Is this a plebiscite? Why should uninformed New Yorkers regulate the scale of the project, rather than close analysis of the DEIS, such as the effect of development on traffic? Another meaning of the poll is that a combination of Forest City Ratner publicity and weak journalism have papered over major questions about this project.

Not a racial divide

The article states:
Support for Forest City Ratner's $4.2 billion plan runs across racial, economic and gender lines, the poll shows. The proposed complex of 16 office and residential towers and a basketball arena is viewed favorably by 56% of African-Americans, 58% of whites, 68% of Latinos and 72% of Asians. The results contradict the popular characterization of detractors as white elites and fans as poor minorities. Only 26% of whites say they are somewhat or very unfavorable toward Atlantic Yards, compared with 30% of blacks. Opposition among residents of households with income below $20,000 or above $100,000 was identical: 29%. It was 22% in households with incomes between those amounts.

That's interesting. It's still fair to say that the most visible detractors are mostly (but hardly exclusively) white and the most visible fans are poor minorities.
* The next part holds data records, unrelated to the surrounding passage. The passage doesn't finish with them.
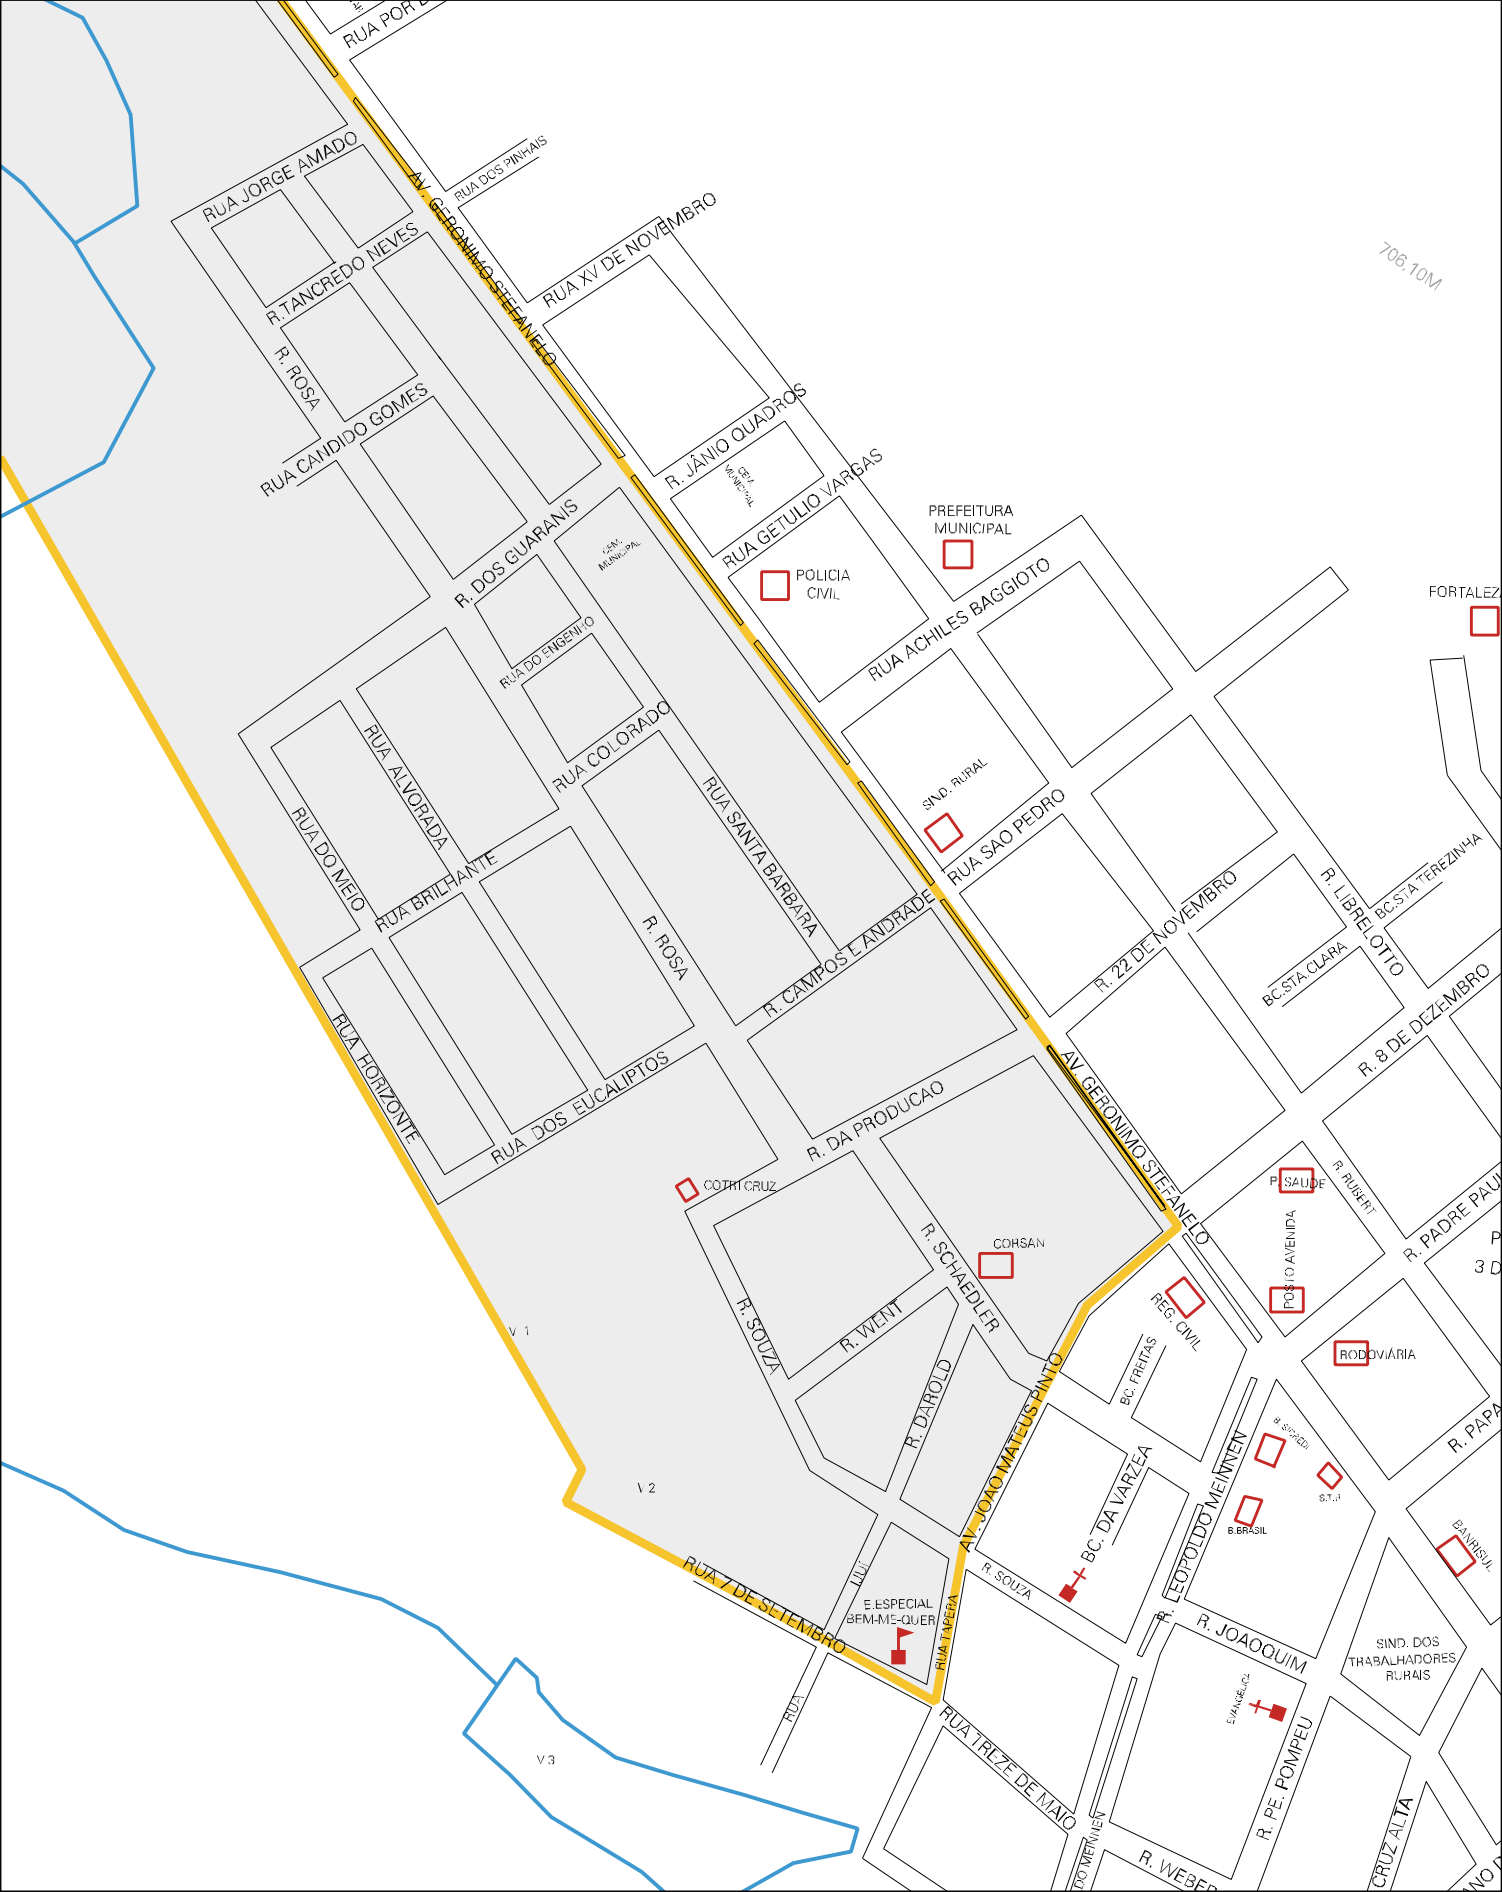

IMPO ABERTO

PARA ANACLETO FACCO

COMERCIO DEBORTOLI

ALTA

RUA TUPANCIRETA

RUA DAS MARGARIDAS

DO SOL

90,05M 11

12

222,04M

10

360,06M

09

706,10M

ESTADO DO RIO GRANDE DO SUL
 MAPA DE SETOR URBANO - MSU
 ESCALA: 1 : 5464

They're the ones with the greatest stake--homeowners and residents of the surrounding neighborhoods, and members and followers of groups like BUILD and ACORN that have been supported by Forest City Ratner.

The effective CBA

The article continues:
The poll shows why Forest City has trumpeted its deal with community groups setting aside apartments and construction jobs for local residents, and why opponents have tried to discredit the pact. A whopping 86% of respondents call it an important benefit. That figure is 70% even among those who don't like the project.

It's not simply that opponents have tried to discredit this pact. Opponents have seized on valid criticism from impartial experts like Good Jobs New York.

The article continues:
Housing important
The project's proposed 2,250 apartments for low- and middle- income renters receive a similarly robust endorsement: They are deemed an important benefit by 92% of the development's supporters and even by 66% of its detractors.
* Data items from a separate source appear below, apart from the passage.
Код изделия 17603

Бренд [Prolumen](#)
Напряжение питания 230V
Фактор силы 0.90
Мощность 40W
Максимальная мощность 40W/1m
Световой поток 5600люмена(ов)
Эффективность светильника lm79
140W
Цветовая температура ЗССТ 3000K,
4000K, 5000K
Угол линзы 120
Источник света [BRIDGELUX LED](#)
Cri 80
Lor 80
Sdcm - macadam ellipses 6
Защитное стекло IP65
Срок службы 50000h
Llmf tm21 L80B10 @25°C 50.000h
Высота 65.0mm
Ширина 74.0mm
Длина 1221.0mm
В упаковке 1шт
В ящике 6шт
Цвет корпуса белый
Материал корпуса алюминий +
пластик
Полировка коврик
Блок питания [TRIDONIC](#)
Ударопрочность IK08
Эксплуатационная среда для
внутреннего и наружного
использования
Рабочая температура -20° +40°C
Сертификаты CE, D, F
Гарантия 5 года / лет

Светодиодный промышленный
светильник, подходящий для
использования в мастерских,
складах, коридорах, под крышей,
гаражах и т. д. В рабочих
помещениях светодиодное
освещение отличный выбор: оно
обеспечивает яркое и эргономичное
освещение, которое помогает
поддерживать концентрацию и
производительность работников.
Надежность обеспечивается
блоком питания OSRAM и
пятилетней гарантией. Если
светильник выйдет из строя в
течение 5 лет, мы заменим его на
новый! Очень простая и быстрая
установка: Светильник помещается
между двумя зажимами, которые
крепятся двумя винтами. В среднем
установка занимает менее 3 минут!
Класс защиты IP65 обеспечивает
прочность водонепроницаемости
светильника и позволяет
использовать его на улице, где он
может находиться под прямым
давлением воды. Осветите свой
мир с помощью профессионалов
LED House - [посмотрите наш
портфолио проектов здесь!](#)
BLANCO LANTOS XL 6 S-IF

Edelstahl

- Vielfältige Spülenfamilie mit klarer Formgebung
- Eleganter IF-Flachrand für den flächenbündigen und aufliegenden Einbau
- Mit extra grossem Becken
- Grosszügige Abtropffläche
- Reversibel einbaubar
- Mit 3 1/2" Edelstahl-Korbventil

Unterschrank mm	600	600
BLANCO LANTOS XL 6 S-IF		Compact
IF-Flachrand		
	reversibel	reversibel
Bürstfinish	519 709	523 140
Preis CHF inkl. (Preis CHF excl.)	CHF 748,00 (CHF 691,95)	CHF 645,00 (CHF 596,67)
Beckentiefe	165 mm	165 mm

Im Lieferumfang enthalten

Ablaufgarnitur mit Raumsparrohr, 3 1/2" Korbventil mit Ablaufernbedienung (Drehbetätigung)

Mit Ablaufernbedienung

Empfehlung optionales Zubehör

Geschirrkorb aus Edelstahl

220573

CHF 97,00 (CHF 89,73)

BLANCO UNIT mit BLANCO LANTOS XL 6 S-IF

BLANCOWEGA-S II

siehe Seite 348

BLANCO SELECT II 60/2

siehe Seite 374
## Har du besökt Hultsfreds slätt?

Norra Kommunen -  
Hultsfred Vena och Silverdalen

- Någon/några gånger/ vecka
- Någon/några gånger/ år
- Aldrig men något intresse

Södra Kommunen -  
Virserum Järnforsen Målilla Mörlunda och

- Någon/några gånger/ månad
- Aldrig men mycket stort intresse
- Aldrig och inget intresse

Again, unless it's explained that it's a privately-negotiated affordable housing bonus, and that the affordable housing would come late in the project, unlike in actual rezonings, it's difficult to characterize.

B-ball blahs

The article continues:
Forest City's plan to move the Nets from New Jersey to the arena, at Flatbush and Atlantic avenues, is less of a factor. Only 58% describe it as an important benefit, while 40% say it's not. More men than women praise the basketball component, and college-educated women are the least impressed, with 53% calling it unimportant. In fact, college-educated women are the least enthusiastic about Atlantic Yards as a whole. Yet half of them like it, while 32% do not.

This suggests that it did make sense for Forest City Ratner to play down the "Jobs, Housing, and Hoops" slogan. That makes today's Daily News headline, N.Y.ers all pumped up over Nets deal - survey, sound odd.

Most unaware

The Crain's article states:
The Crain's poll indicates that 28% of Brooklynites and 20% of New Yorkers are following the issue closely. Most New Yorkers are not bothered by some common criticisms of the project. Only 34% say its significant costs to the city--such as those schools and infrastructure entail--raise serious doubts in their minds. Just 29% express misgivings when told that the project, which includes a 62-story office tower, is out of scale with the neighborhood and will promote gentrification.
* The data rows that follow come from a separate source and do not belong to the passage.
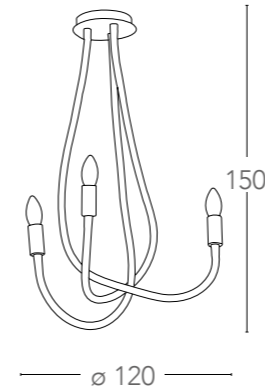

I-LOVER-3-NERO

8031440357333

Nero - *Black*

illuminazione - *lighting*

3XE14
MAX 40W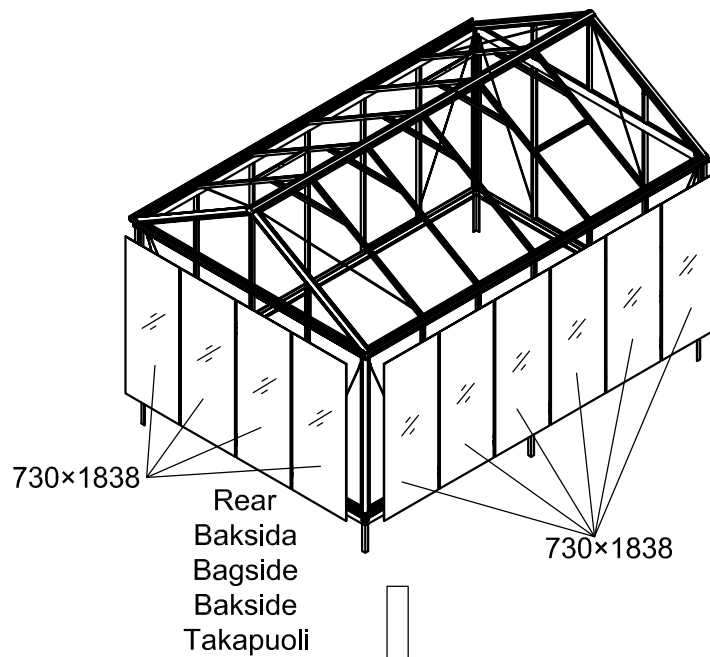

Part	NO.	QTY.	Length(MM)
∕	730×1838	8	1838

Part	NO.	QTY.	Length(MM)
	40X-Y01	10	1809
	40X-Y02	1	1809

Tool  
Verktøy  
Værktøj  
Verktøy  
Työkalu

Part	NO.	QTY.	Length(MM)
∕	730×1838	10	1838

Part	NO.	QTY.	Length(MM)
	40X-Y01	11	1809
	40X-Y02	1	1809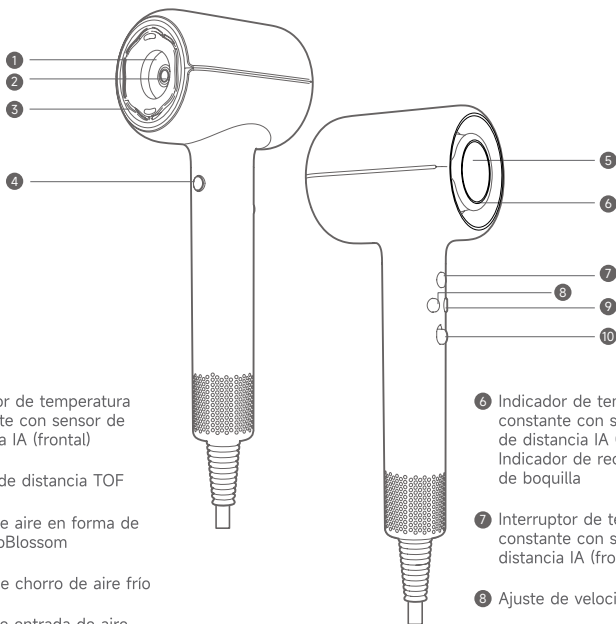

Descripción del producto

- 1 Indicador de temperatura constante con sensor de distancia IA (frontal)
- 2 Sensor de distancia TOF
- 3 Salida de aire en forma de flor AeroBlossom
- 4 Botón de chorro de aire frío
- 5 Rejilla de entrada de aire extraíble

- 6 Indicador de temperatura constante con sensor de distancia IA (trasero)/ Indicador de reconocimiento de boquilla
- 7 Interruptor de temperatura constante con sensor de distancia IA (frontal)
- 8 Ajuste de velocidad de aire
- 9 Ajuste de temperatura
- 10 Interruptor de encendido

Maybe that's because most people don't know what the costs are, or have seen graphics that show the scale of the project, or have been told about the immense flaws in the DEIS.

What ULURP?

The article states:
Of greater concern is the fact that the city's land-use review process was not used to consult the community on Atlantic Yards. That raises doubts in 40%, including 53% of those who are college-educated, but just 27% of those who didn't get past high school.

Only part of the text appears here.